4. Ketidaksempurnaan respon neuroendokrin
Pada pasien yang mengalami gangguan fungsi endokrin, seperti dibetes mellitus
yang tidak terkontrol, bahaya utama yang mengancam hidup pasien saat dilakukan
pembedahan adalah terjadinya hipoglikemia yang mungkin terjadi selama
pembiusan akibat agen anstesi. Atau juga akibat masukan karbohidrat yang tidak
adekuart pasca operasi atau pemberian insulin yang berlebihan. Bahaya lain yang
mengancam adalah asidosis atau glukosuria. Pasien yang mendapat terapi
kortikosteroid beresiko mengalami insufisinsi adrenal. Pengguanaan oabat-obatan
kortikosteroid harus sepengetahuan dokter anastesi dan dokter bedahnya.

5. Merokok
Pasien dengan riwayat merokok biasanya akan mengalami gangguan vaskuler,
terutama terjadi arterosklerosis pembuluh darah, yang akan meningkatkan tekanan
darah sistemiknya.

6. Alkohol dan obat-obatan


Individu dengan riwayat alkoholic kronik seringkali menderita malnutrisi dan
masalah-masalah sistemik, sperti gangguan ginjal dan hepar yang akan
meningkatkan resiko pembedahan. Pada kasus kecelakaan lalu lintas yang
seringkali dialami oleh pemabuk. Maka sebelum dilakukan operasi darurat perlu
dilakukan pengosongan lambung untuk menghindari asprirasi dengan pemasangan
NGT.
b) PERSIAPAN PENUNJANG

Persiapan penunjang merupakan bagian yang tidak dapat dipisahkan dari


tindakan pembedahan. Tanpa adanya hasil pemeriksaan penunjang, maka dokter
bedah tidak meungkin bisa menentukan tindakan operasi yang harus dilakukan
pada pasien. Pemeriksaan penunjang yang dimaksud adalah berbagai pemeriksaan
radiologi, laboratorium maupun pemeriksaan lain seperti ECG, dan lain-lain.
Sebelum dokter mengambil keputusan untuk melakukan operasi pada pasien,
dokter melakukan berbagai pemeriksaan terkait dengan keluhan penyakit pasien
sehingga dokter bisa menyimpulkan penyakit yang diderita pasien. Setelah dokter
bedah memutuskan untuk dilakukan operasi maka dokter anstesi berperan untuk
menentukan apakan kondisi pasien layak menjalani operasi. Untuk itu dokter
anastesi juga memerlukan berbagai macam pemrikasaan laboratorium terutama
pemeriksaan masa perdarahan (bledding time) dan masa pembekuan (clotting
time) darah pasien, elektrolit serum, Hemoglobin, protein darah, dan hasil
pemeriksaan radiologi berupa foto thoraks dan EKG.

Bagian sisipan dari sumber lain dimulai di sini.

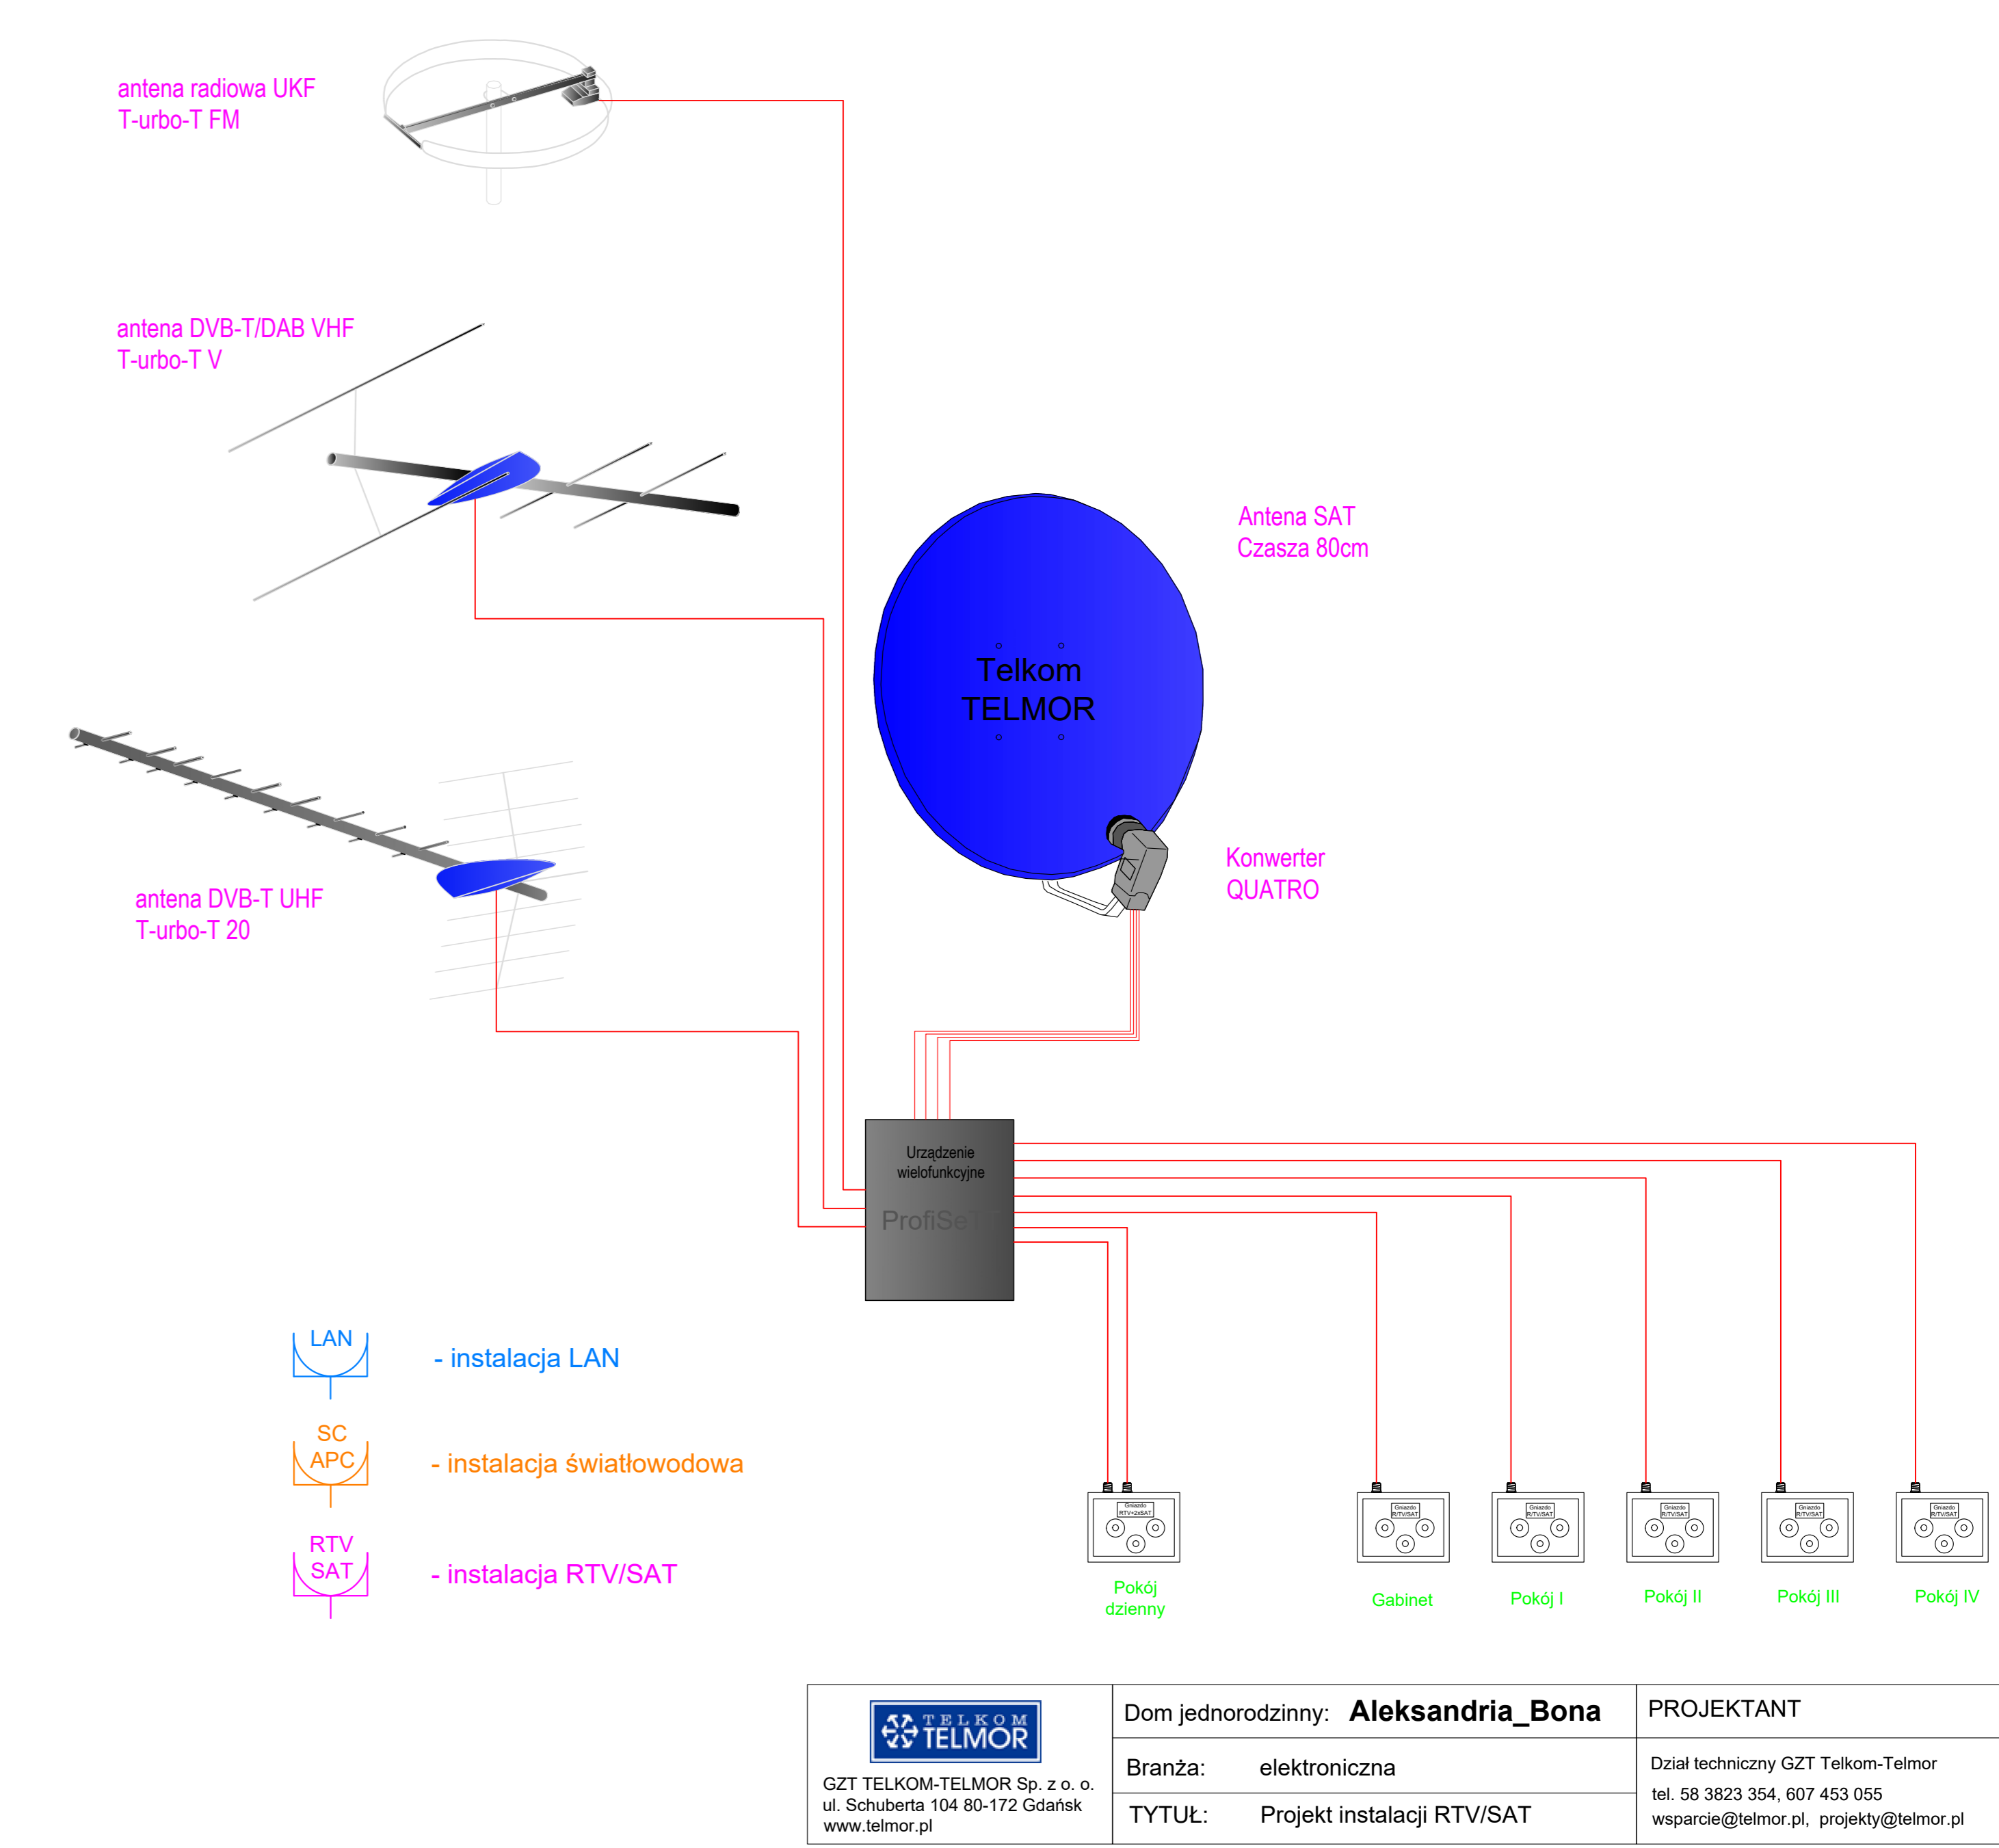

Schemat instalacji RTV/SAT

  GZT TELKOM-TELMOR Sp. z o.o. ul. Schuberta 104 80-172 Gdańsk www.telmor.pl	Dom jednorodzinny: Aleksandria_Bona Branża: elektroniczna TYTUŁ: Projekt instalacji RTV/SAT	PROJEKTANT Dział techniczny GZT Telkom-Telmor tel. 58 3823 354, 607 453 055 wsparcie@telmor.pl, projekty@telmor.pl

Dibawah ini adalah berbagai jenis pemeriksaan penunjang yang sering dilakukan
pada pasien sebelum operasi (tidak semua jenis pemeriksaan dilakukan terhadap
pasien, namun tergantung pada jenis penyakit dan operasi yang dijalani oleh
pasien). Pemeriksaan penunjang antara lain :

1. Pemeriksaan Radiologi dan diagnostik, seperti : Foto thoraks, abdomen, foto


tulang (daerah fraktur), USG (Ultra Sono Grafi), CT scan (computerized
Tomography Scan) , MRI (Magnrtic Resonance Imagine), BNO-IVP, Renogram,
Cystoscopy, Mammografi, CIL (Colon in Loop), EKG/ECG (Electro Cardio
Grafi), ECHO, EEG (Electro Enchephalo Grafi), dll.

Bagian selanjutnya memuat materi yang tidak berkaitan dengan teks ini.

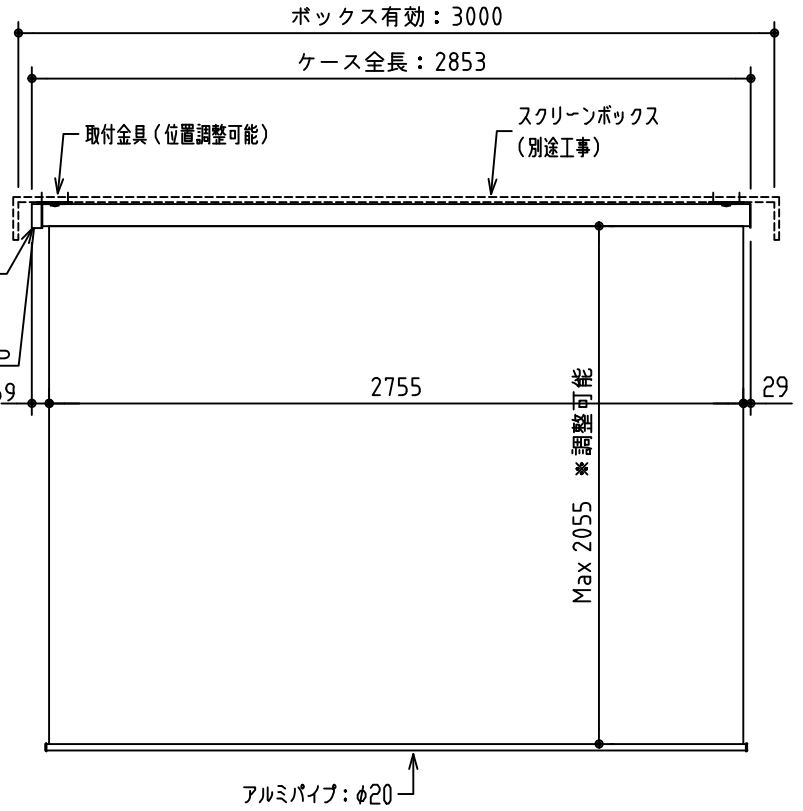

リモコン受光部

ワイヤレスリモコン

ケース下面
リモコン受光部差込口
電源ケーブル
長さ：3m

※ 設置形態により、取付金具の方向違いに注意

製品の仕様及びデザインは改善等のため予告無く変更する場合があります。

生地	スーパーホワイト 防炎品	付属品	取付金具・取付金具用型紙・取付金具ビス一式
ケース	材質：アルミ型材 オフホワイト色		取付金具固定用タッピングビス（M4×40 -8本）
モーター	超小型シンクロナスモーター（動作音35dB以下）		ワイヤレスリモコン・リモコン受光部
電源電圧	AC 100V 50/60Hz	オプション	壁付スイッチ・中継ボックス
消費電力	4W	別途工事	電源・壁付スイッチ配線工事
質量	約 10.9 kg		スクリーンボックス（150×150×3000以上）
株式会社 ケイアイシー KIC CORPORATION	尺度	品名 天吊・壁付けタイプ120型（16:9）電動昇降スクリーン（赤外線ワイヤレス操作型）	
	1/30 1/5	Rev.	2022/12/9
単位	mm	型番	HBR-HD120AW
		No.	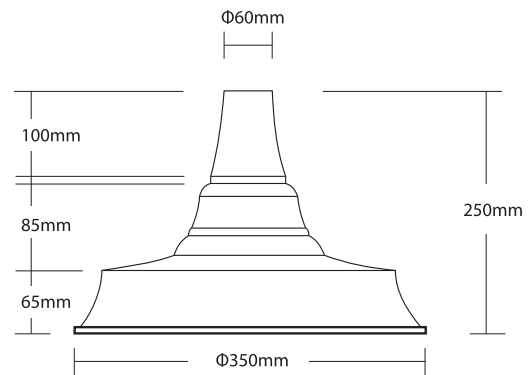

- Διακοσμητικό φωτιστικό
- εσωτερικού χώρου
- κρεμαστό
- από αλουμίνιου
- για διακοσμητικό φωτισμό καταστημάτων, οικιών.

- Decorative fitting
- for indoors use
- pendant
- from aluminum
- suitable for decorative lighting of shops, houses.

5935

HALOGEN ECO
E27 230V 40 - 75W

5935

GLOBO FLUORESCENT
LAMP 230V 28W E27

2. Pemeriksaan Laboratorium, berupa pemeriksaan darah : hemoglobin, angka


leukosit, limfosit, LED (laju enap darah), jumlah trombosit, protein total (albumin
dan globulin), elektrolit (kalium, natrium, dan chlorida), CT/BT, ureum kretinin,
BUN, dll. Bisa juga dilakukan pemeriksaan pada sumsun tulang jika penyakit
terkaut dengan kelainan darah.

3. Biopsi, yaitu tindakan sebelum operasi berupa pengambilan bahan jaringan tubuh
untuk memastikan penyakit pasien sebelum operasi. Biopsi biasanya dilakukan
untuk memastikan apakah ada tumor ganas/jinak atau hanya berupa infeksi kronis
saja.

4. Pemeriksaan Kadar Gula Darah (KGD).

5. Pemeriksaan KGD dilakukan untuk mengetahui apakah kadar gula darah pasien
dalan rentang normal atau tidak. Uji KGD biasanya dilakukan dengan puasa 10
jam (puasa jam 10 malam dan diambil darahnya jam 8 pagi) dan juga dilakukan
pemeriksaan KGD 2 jam PP (ppst prandial).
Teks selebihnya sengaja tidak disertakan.